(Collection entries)
##########

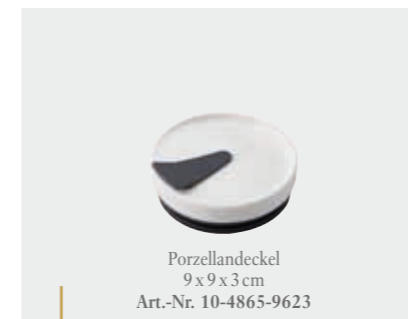

Tasse L Set 2-tlg.
95 mm - 0,42l
Art.-Nr. 11-7243-8086

Tasse M Set 2-tlg.
80 mm - 0,22l
Art.-Nr. 11-7243-8085

Becher Universal Set 2-tlg.
122 mm - 0,39l
Art.-Nr. 11-7243-8099

Becher mit Henkel
0,38l
Art.-Nr. 10-4130-9651

Set Dipschälchen 4-tlg.
Art.-Nr. 10-4130-9023

Artesano Barista Becher mit Henkel
12 x 10,5 cm - 0,38l
Art.-Nr. 16-4026-9651

Porzellandeckel
9 x 9 x 3 cm
Art.-Nr. 10-4865-9623

UNSER PRAKTISCHER TO GO-DECKEL
VERWANDELT AUCH ARTESANO
BECHER MIT HENKEL IN EINE
VERSCHLISSBARE TASSE FÜR UNTERWEGS
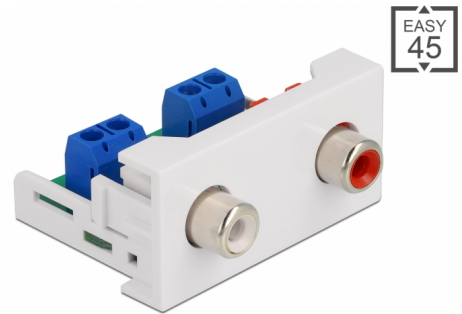

Delock Μονάδα Easy 45 2 x RCA με θηλυκή θύρα 22,5 x 45 χιλ.

Περιγραφή

Αυτή η μονάδα Easy 45 της Delock σχεδιάστηκε για να παρέχει δύο θηλυκές θύρες RCA. Ο απλός μηχανισμός snap-in διαβεβαιώνει πως η μονάδα βρίσκεται σταθερά στη θέση της και πως μπορεί εύκολα να αφαιρεθεί αν κριθεί απαραίτητο.

Σύνδεσμοι Easy 45

Το Easy 45 είναι μια μεταβλητή, μονάδα συστήματος που επιτρέπει σε εξαρτήματα όπως πρίζες, συνδέσει HDMI ή USB να προστεθούν ανάλογα με τις ανάγκες σας. Οι μονάδες Easy 45 είναι τυποποιημένες και μπορούν να τοποθετηθούν σε διάφορους συγκρατητές μονάδας ή αγωγούς καλωδίων. Η Easy 45 χτίζει τη διεπαφή ανάμεσα σε ηλεκτρική εγκατάσταση, εγκατάσταση δικτύου και εγκατάσταση συστήματος και πολλές περιφερειακές συσκευές όπως TV, οθόνες, εκτυπωτές, laptop και πολλές ακόμη.

Αρ. προϊόντος 81338

EAN: 4043619813384

Χώρα προέλευσης: China

Συσκευασία: White Box

Προδιαγραφές

- Συνδετήρας:
εξωτερικά: 2 x RCA θηλυκή
εσωτερικά: 1 x 4 ακίδων κυτίο διανομής με βιδωτή άκρη
- Υλικό: ABS πλαστικό
- Κατάλληλο για συγκρατητή μονάδας Delock Easy 45
- Κατάλληλο για καλώδιο 45 χιλ. με αγωγό ελάχιστου βάθους 45 χιλ.
- Μέγεθος μονάδας: 22,5 x 45 χιλ.
- Διαστάσεις (ΜxΠxΥ): περ. 22,5 x 45,0 x 39,0 mm
- Χρώμα: λευκό

Interface

| | |
|---------------|---------------------------------------|
| Συνδετήρας 1: | 1 x 4 Pin Terminalblock Schraubklemme |
| Συνδετήρας 2: | 2 x RCA θηλυκή |

Physical characteristics

| | |
|---------|---------------|
| Μήκος: | 45 mm |
| Width: | 22,5 mm |
| Height: | 39 mm |
| Χρώμα: | RAL 9003 Weiß |
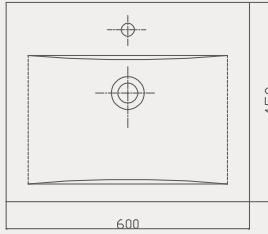

Palet Adet	Kod	Açıklama	Renk	Fiyat ₺
K20	70TH21060	Lavabo	Beyaz	1.550 ₺
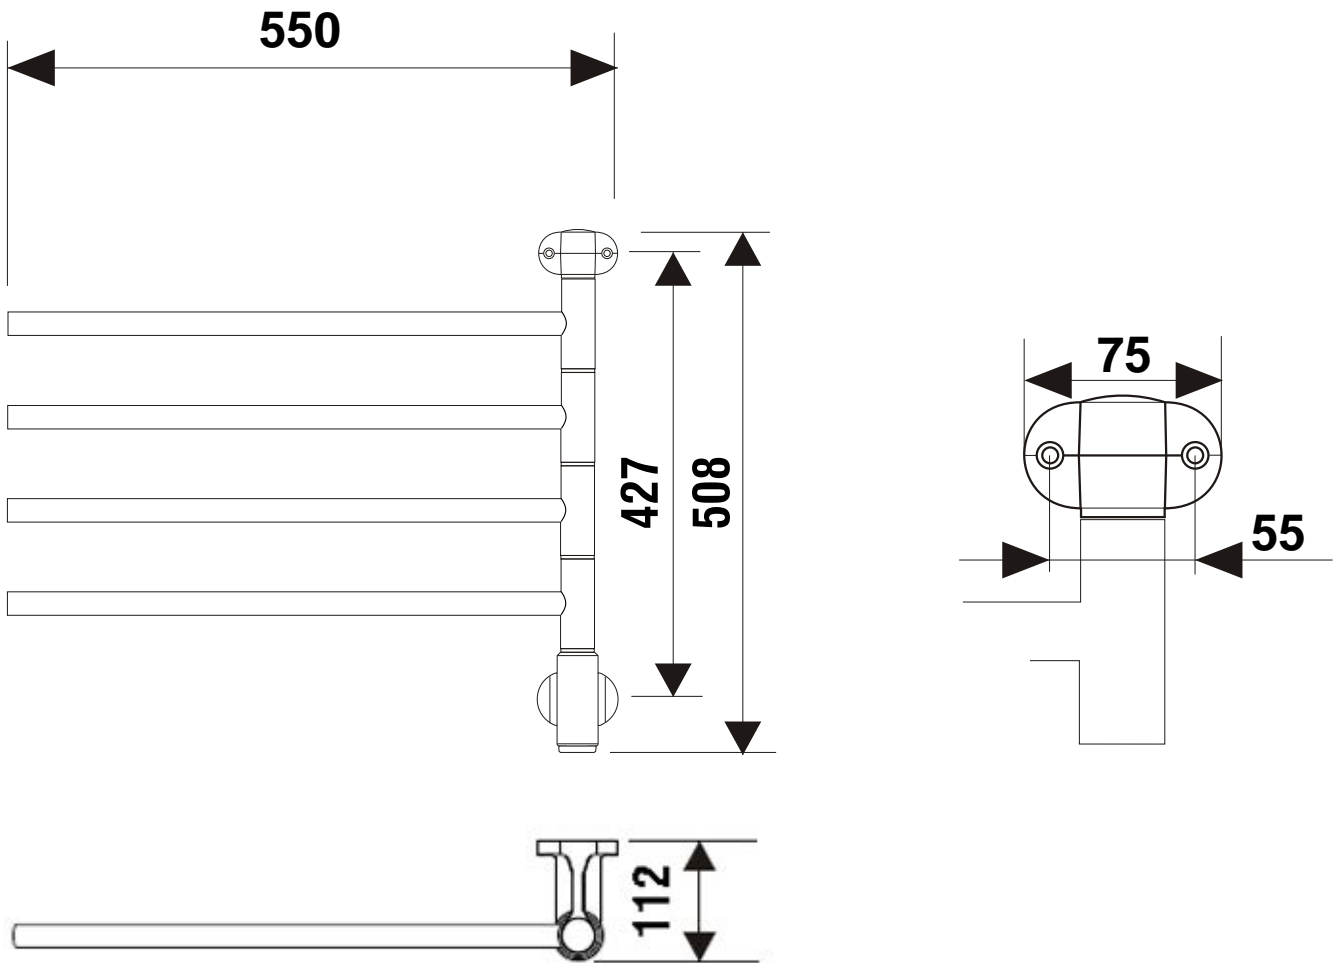

Flex 1

Højde: 422mm
Bredde: 550mm

Flex 1

Højde: 508mm
Bredde: 550mm

Flex 1

Højde: 597mm
Bredde: 550mm

Flex 1

Højde: 685mm
Bredde: 550mm

##########

Exercise aim> Without the pictures, give every line above again exactly.

Answer to this exercise>
Tasse L Set 2-tlg.
95 mm - 0,42l
Art.-Nr. 11-7243-8086

Tasse M Set 2-tlg.
80 mm - 0,22l
Art.-Nr. 11-7243-8085

Becher Universal Set 2-tlg.
122 mm - 0,39l
Art.-Nr. 11-7243-8099

Becher mit Henkel
0,38l
Art.-Nr. 10-4130-9651

Set Dipschälchen 4-tlg.
Art.-Nr. 10-4130-9023

Artesano Barista Becher mit Henkel
12 x 10,5 cm - 0,38l
Art.-Nr. 16-4026-9651

Porzellandeckel
9 x 9 x 3 cm
Art.-Nr. 10-4865-9623

UNSER PRAKTISCHER TO GO-DECKEL
VERWANDELT AUCH ARTESANO
BECHER MIT HENKEL IN EINE
VERSCHLISSBARE TASSE FÜR UNTERWEGS

Delock Μονάδα Easy 45 2 x RCA με θηλυκή θύρα 22,5 x 45 χιλ.

Περιγραφή

Αυτή η μονάδα Easy 45 της Delock σχεδιάστηκε για να παρέχει δύο θηλυκές θύρες RCA. Ο απλός μηχανισμός snap-in διαβεβαιώνει πως η μονάδα βρίσκεται σταθερά στη θέση της και πως μπορεί εύκολα να αφαιρεθεί αν κριθεί απαραίτητο.

Σύνδεσμοι Easy 45

Το Easy 45 είναι μια μεταβλητή, μονάδα συστήματος που επιτρέπει σε εξαρτήματα όπως πρίζες, συνδέσει HDMI ή USB να προστεθούν ανάλογα με τις ανάγκες σας. Οι μονάδες Easy 45 είναι τυποποιημένες και μπορούν να τοποθετηθούν σε διάφορους συγκρατητές μονάδας ή αγωγούς καλωδίων. Η Easy 45 χτίζει τη διεπαφή ανάμεσα σε ηλεκτρική εγκατάσταση, εγκατάσταση δικτύου και εγκατάσταση συστήματος και πολλές περιφερειακές συσκευές όπως TV, οθόνες, εκτυπωτές, laptop και πολλές ακόμη.

Αρ. προϊόντος 81338

EAN: 4043619813384

Χώρα προέλευσης: China

Συσκευασία: White Box

Προδιαγραφές

- Συνδετήρας:
εξωτερικά: 2 x RCA θηλυκή
εσωτερικά: 1 x 4 ακίδων κυτίο διανομής με βιδωτή άκρη
- Υλικό: ABS πλαστικό
- Κατάλληλο για συγκρατητή μονάδας Delock Easy 45
- Κατάλληλο για καλώδιο 45 χιλ. με αγωγό ελάχιστου βάθους 45 χιλ.
- Μέγεθος μονάδας: 22,5 x 45 χιλ.
- Διαστάσεις (ΜxΠxΥ): περ. 22,5 x 45,0 x 39,0 mm
- Χρώμα: λευκό

Interface

| | |
|---------------|---------------------------------------|
| Συνδετήρας 1: | 1 x 4 Pin Terminalblock Schraubklemme |
| Συνδετήρας 2: | 2 x RCA θηλυκή |

Physical characteristics

| | |
|---------|---------------|
| Μήκος: | 45 mm |
| Width: | 22,5 mm |
| Height: | 39 mm |
| Χρώμα: | RAL 9003 Weiß |

Palet Adet	Kod	Açıklama	Renk	Fiyat ₺
K20	70TH21060	Lavabo	Beyaz	1.550 ₺

Flex 1

Højde: 422mm
Bredde: 550mm

Flex 1

Højde: 508mm
Bredde: 550mm

Flex 1

Højde: 597mm
Bredde: 550mm

Flex 1

Højde: 685mm
Bredde: 550mm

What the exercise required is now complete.